* What the task asks *
Starting with the line that contains "- 4.2: O-prsten (Spare part-nr. 0120500M)" and stopping after the line that contains "- 13: Cev (Spare part-nr. 07227000)", copy the entries below exactly. Include nothing else.
---------- Record extracts
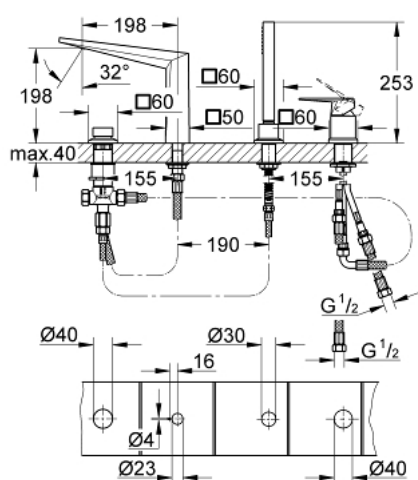

29 405 000 ALLURE BRILLIANT JEDNORUČNA KOMBINACIJA ZA KADU, 4 OTVORA

PRODUCT DESCRIPTION

- Colour: chrome
- GROHE SilkMove 46 mm keramički mešač
- GROHE LongLife premaz
- sastoji se od:
 - unapred sastavljen izliv sa pričvršćenjem
 - operativni element jednoručne baterije
 - izlivna cev za kadu sa integrisanim perlatorom
 - prebacivač za kadu/tuš
 - hand shower Rainshower Aqua Cube Stick 6.5 l/min
 - metal shower hose 2000 mm (always chrome for any colour of the set)
 - fleksibilna spojna creva
 - spoj za tuš crevo
 - zaštićeno protiv povrata vode
 - za upotrebu s 29037000

29 405 000 ALLURE BRILLIANT JEDNORUČNA KOMBINACIJA ZA KADU, 4 OTVORA

29 405 000 ALLURE BRILLIANT JEDNORUČNA KOMBINACIJA ZA KADU, 4 OTVORA

SPARE PARTS, октобар 2021 – now

- 1: Ručica (Spare part-nr. 46804000)
- 2: Mešač (Spare part-nr. 46048000)
- 3: Aktivaciono dugme prebacivača (Spare part-nr. 48126000)
- 4: Prebacivač (Spare part-nr. 45443000)
- 4.1: O-prsten Ø6 x Ø2 (Spare part-nr. 0128300M)
- 4.2: O-prsten (Spare part-nr. 0120500M)
- 5: Zamenski set za učvršćivanje ručice (Spare part-nr. 45444000)
- 6: Nepovratni ventil (Spare part-nr. 08565000)
- 7: Race (Spare part-nr. 46803000)
- 8: Filter za nečistoću (Spare part-nr. 0700200M)
- 9: Kupasti navoj (Spare part-nr. 08864000)
- 10: Opruga (Spare part-nr. 00869000)
- 11: Cev (Spare part-nr. 48018000)
- 12: Cev (Spare part-nr. 07300000)
- 13: Cev (Spare part-nr. 07227000)
- 14: Cev (Spare part-nr. 48017000)
- 15: Metalno crevo (Spare part-nr. 28146000)
- 16: Limitator temperature (Spare part-nr. 46375000)*
- 17: Gedor ključ (Spare part-nr. 19332000)*
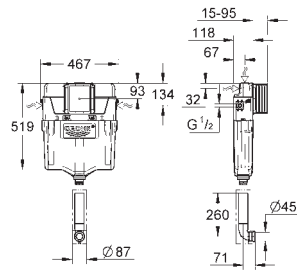

GROHE RÉSERVOIRS DE CHASSE WC

Article n°

Couleur

Prix (€)

38 661 000

111,00

Réservoir de chasse WC

Volume de chasse réglable de 6 à 9 litres

Réglage d'usine 3 et 6 l

Mécanisme à déclenchement pneumatique compatible avec plaque de commande simple touche (interrompable) et double touche (interrompable)

Alimentation par la gauche, la droite, l'arrière ou le dessus

Réservoir isolé contre la condensation

Aucun outil n'est nécessaire pour l'installation y compris la protection pendant la phase de construction

Pour montage vertical ou horizontal

Livré sans plaque de commande

GROHE EcoJoy économie d'eau

Pour le montage des petites plaques de commande, commander séparément le gabarit 40 911 000

38 771 000

Chromé

41,60

Bouton pneumatique

Double touche interrompable

48 mm

Accès simultané à l'avant et à l'arrière de la cloison nécessaire pour le montage et la maintenance

Pour épaisseur comprise entre 18 -24 mm

Tube capillaire 600 mm

GROHE StarLight Chrome éclatant et durable
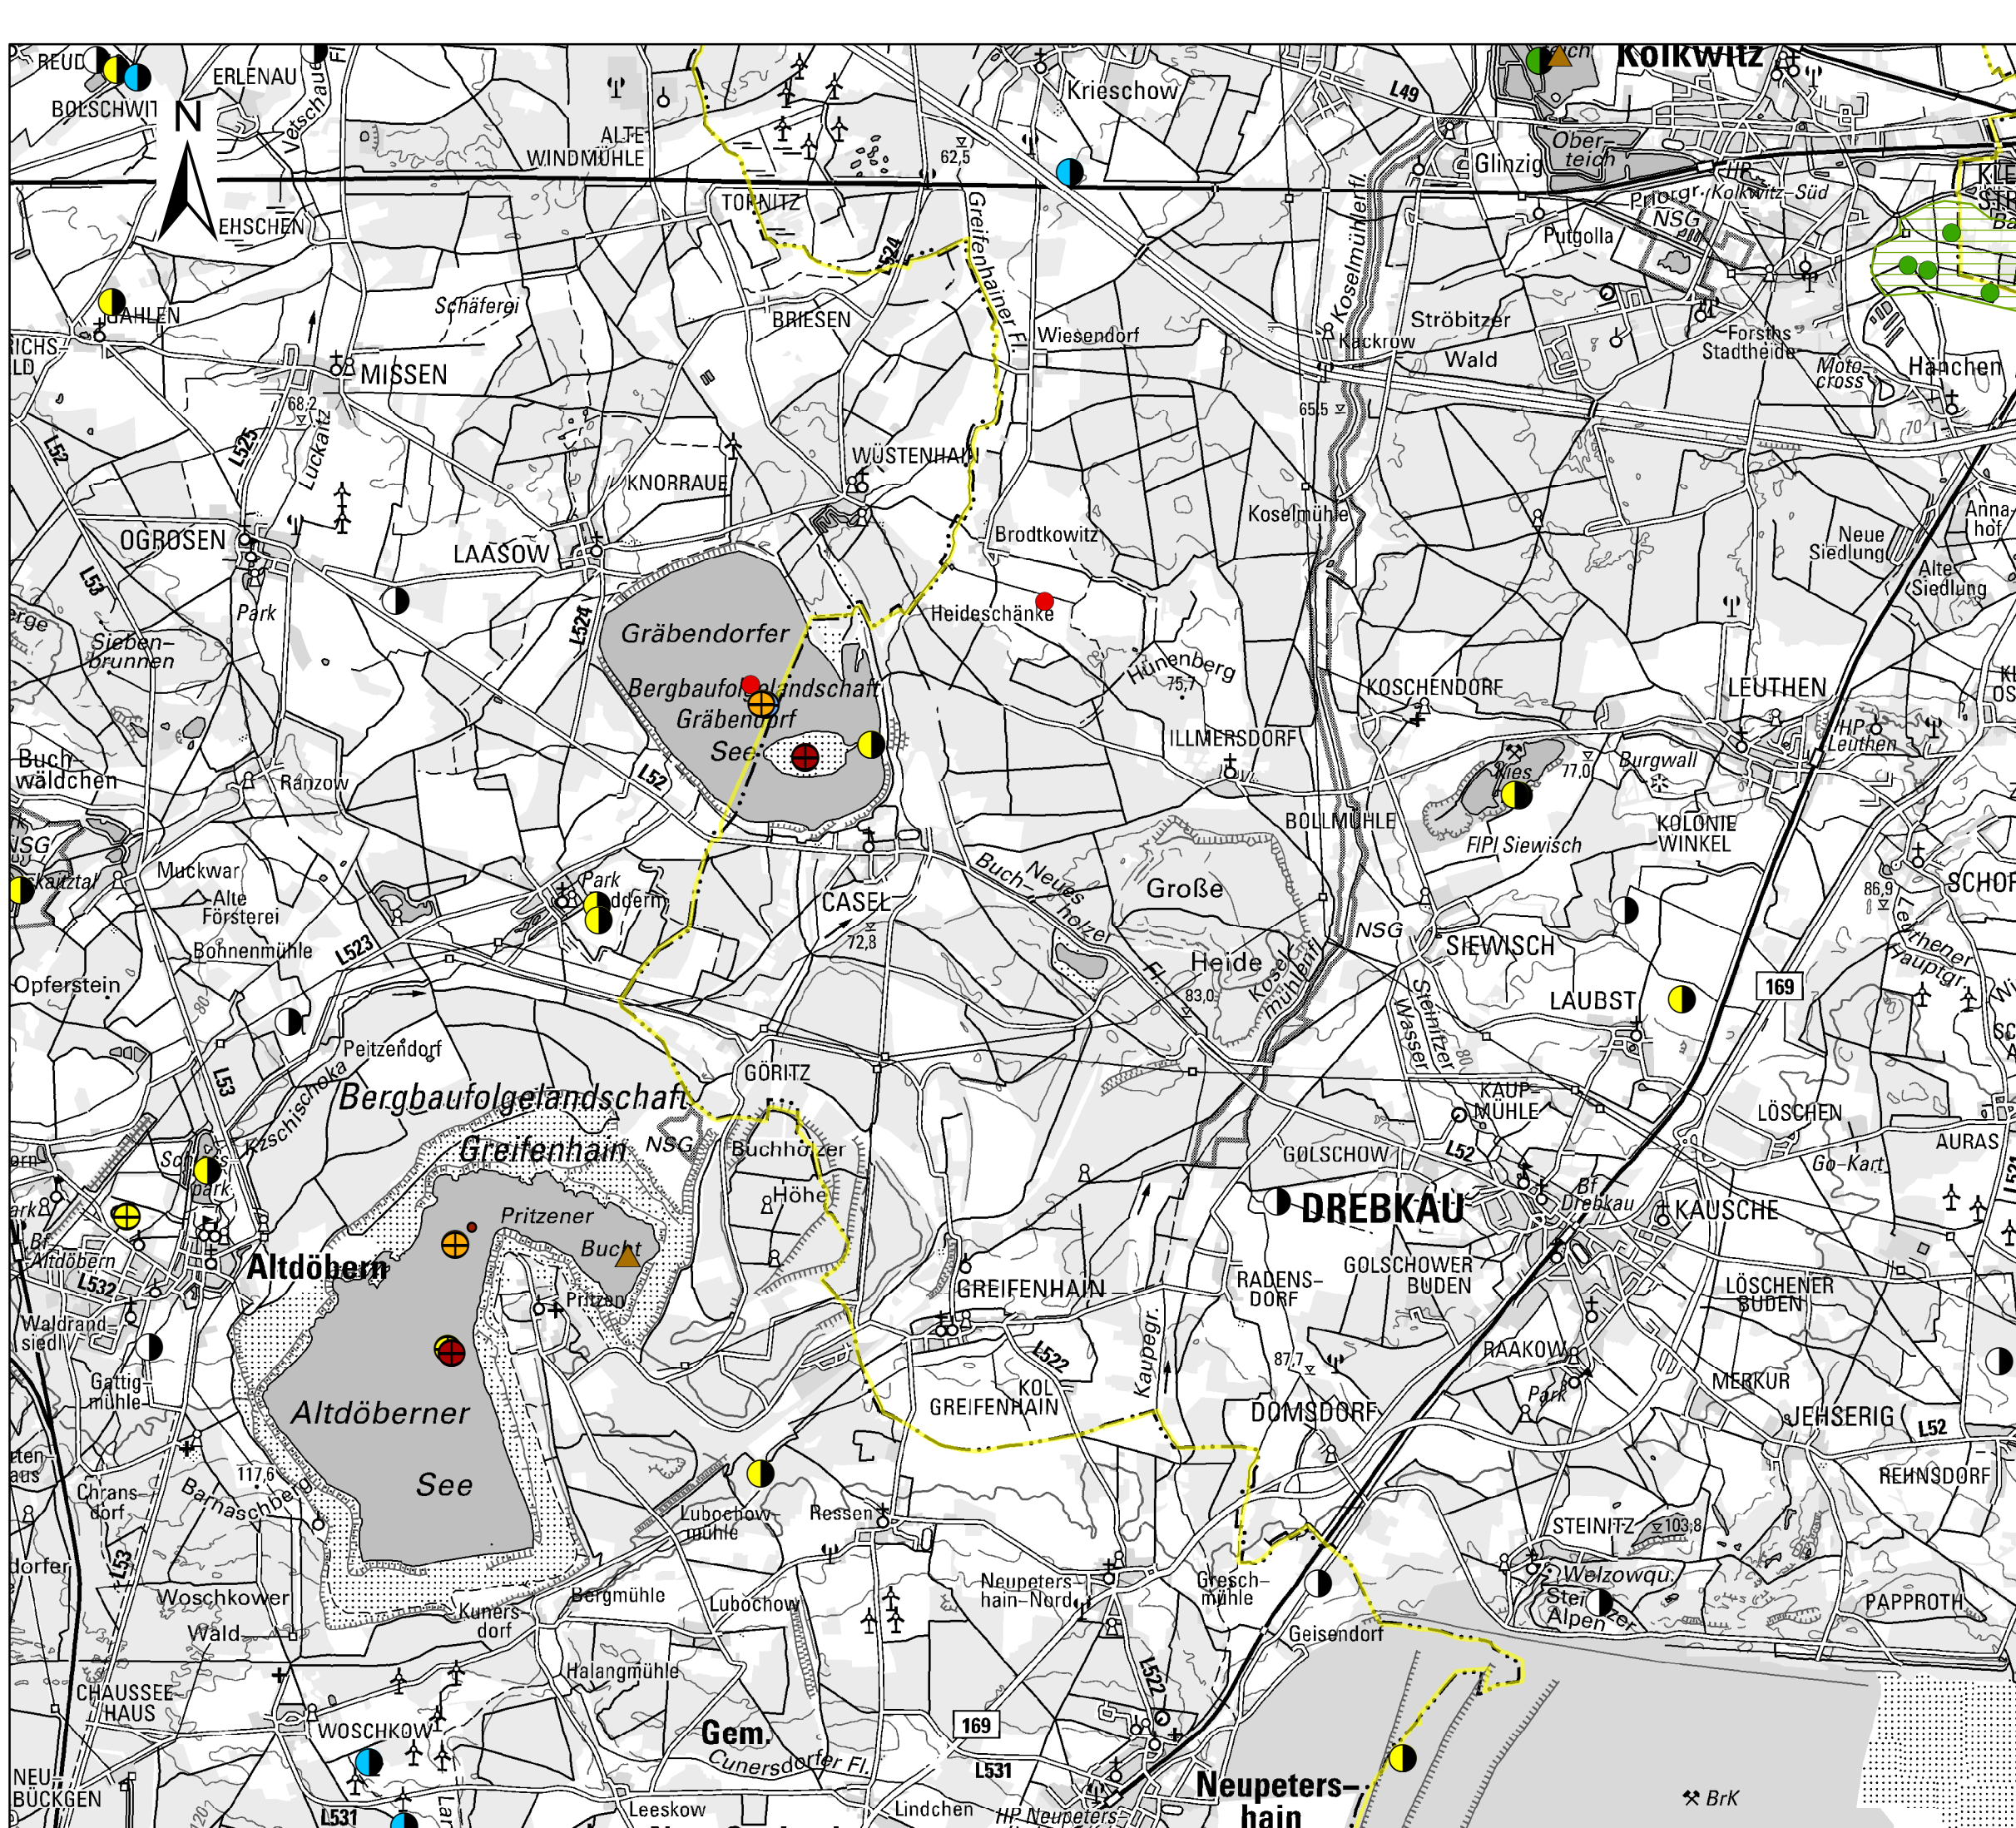

Datenbereitstellung
 Ingenieur- und Planungsbüro
 Lange GbR
 Freileitung 50Hertz
 Landkreise SPN und OSL
 Großvogeldaten

-  Weißstorch
 besetzt
-  unbesetzt
-  Rotmilan
-  Kranich
 besetzt
-  unbesetzt

Kartentitel: Datenbereitstellung
 Büro Lange GbR
 Bearb.: Bodo Segebrecht LfU, Ref.: N4
 Datum: 03.09.2019
 Weitergabe an Dritte ist nicht gestattet
 Daten ohne Gewähr auf Vollständigkeit und
 Richtigkeit
 Grundkarte:
 DTK100@GeoBasis-DE/LGB/DKB 2019

1:60.000

**Datenbereitstellung
Ingenier- und Planungsbüro
Lange GbR
Landkreise SPN und OSL
Vögel**

Legende beigefügt

Kartentitel: Datenbereitstellung
Büro Lange GbR
Bearbeitung: Bodo Segebrecht, LfU, Referat N4
Datum: 03. 09. 2019
Hinweis: Weitergabe an Dritte ist nicht gestattet.
Daten ohne Gewähr auf Vollständigkeit und Richtigkeit
Grundkarte: DTK100 ©GeoBasis-DE/LGB/DKB 2019

1:60.000

Symbollegende Vogeldaten

	Uferschnepfe-BP		Wiesenweihe- Schwerpunktbrutgebiet
	Kampfläufer-BP		Kiebitz-Rastgebiet
	Rotschenkel-BP		Singschwan-Rastgebiet
	Brachvogel-BP		Gebietskulisse Wiesenbrüter
	Wachtelkönig-Rufer		Goldregenpfeifer-Rastgebiet
	Kormoran-Brutkolonie		
	Graureiher-Brutkolonie		
	Zwergseeschwalbe-Brutkolonie		
	Sturmmöwe-Brutkolonie		
	Silbermöwe-Brutkolonie		
	Trauerseeschwalbe-Brutkolonie		
	Flusseeeschwalbe-Brutkolonie		
	Lachmöwe-Brutkolonie		
	Schwarzmilan-BP		
	Rotmilan-BP		
	Baumfalke-BP		
	Rohrweihe-BP		
	Zwergrohrdommel-Rufer		
	Rohrdommel-Rufer		
	Kranich- Schlafplatz		
	Nordische Gänse-Schlafplatz		
	Singschwan-Schlafplatz		
	Singschwan-Rastplatz		
	Goldregenpfeifer-Rastplatz		
	Kiebitz-Rastplatz		
	Waldsaatgans-Rastplatz		
	Kranich-BP		
	Weißstorch-BP		
	Schreiadler-BP		
	Wiesenweihe-BP		
	Wanderfalke-BP		
	Uhu-BP		
	Schwarzstorch-BP		
	Fischadler-BP		
	Seeadler-BP
--------------------
* Written response *
- 4.2: O-prsten (Spare part-nr. 0120500M)
- 5: Zamenski set za učvršćivanje ručice (Spare part-nr. 45444000)
- 6: Nepovratni ventil (Spare part-nr. 08565000)
- 7: Race (Spare part-nr. 46803000)
- 8: Filter za nečistoću (Spare part-nr. 0700200M)
- 9: Kupasti navoj (Spare part-nr. 08864000)
- 10: Opruga (Spare part-nr. 00869000)
- 11: Cev (Spare part-nr. 48018000)
- 12: Cev (Spare part-nr. 07300000)
- 13: Cev (Spare part-nr. 07227000)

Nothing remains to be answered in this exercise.